Despite the expected decline in the stock price in 2020 as a result of the pandemic lockdown, Darden Restaurants' stock price has been steadily increasing since 2018 and would be an excellent substitute for Subway.

Conclusion

Subway is not publicly traded or quoted on any stock exchange, as it is a private corporation that has not issued shares; the company generates revenue by selling franchises and charging franchisees royalties. Individuals may acquire subway locations, as each franchise is independently owned and operated.

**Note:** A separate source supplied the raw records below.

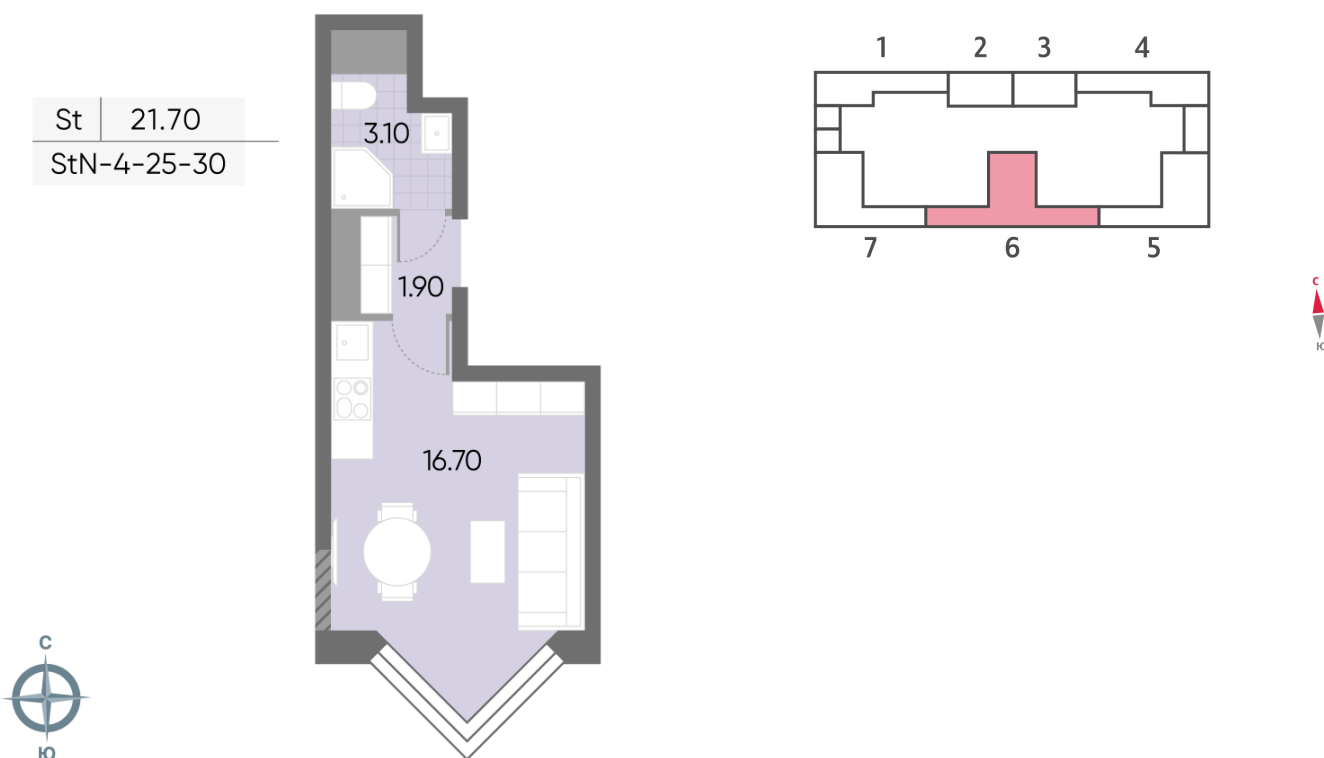

Жилой комплекс «WAVE», Wave, очередь 2

Срок сдачи: IV кв. 2026

Адрес: Москворечье-Сабурово район, ул. Борисовские Пруды, д. 1

Станция метро: Москворечье, Орехово, Каширская, Борисово

Студия №924

Спецпредложение:	12 177 454 руб	Подъезд:	6
Базовая цена:	14 075 639 руб	Этаж:	27
Количество комнат	1	Всего этажей	30
Общая площадь	21.7 м ²	Тип планировки:	StN-4-25-30
		Отделка:	с отделкой

Жилой комплекс «WAVE», Wave, очередь 2

← ст. D2 МОСКВОРЕЧЬЕ

ДВОР

РЕКА МОСКВА ↑

УЛИЦА БОРИСОВСКИЕ ПРУДЫ ↓

м БОРИСОВО →

Информация действительна на 15.12.2024

* Данное предложение не является публичной офертой

In recent years, the battle for US dollars to eat out has intensified. The growth of restaurant businesses resulted in a fast increase in the number of establishments, which began to erode traffic to existing locations. The restaurant juggernauts described above continue to provide investors with strong returns and are among the best stocks to purchase right now.

FAQs

When is the Subway IPO?

Subway has not filed for an initial public offering, and it is unknown whether it will do so in the future.

Why is Subway Not Publicly Traded?

Without the assistance of outside funding, the company's success is assured.


Subway retains complete control over its direction and decisions by remaining privately owned.

How can I buy Subway stocks?

There is currently no direct way to purchase Subway stock. Alternatively, you can buy stock in a company such as Starbucks or McDonald's and invest in it.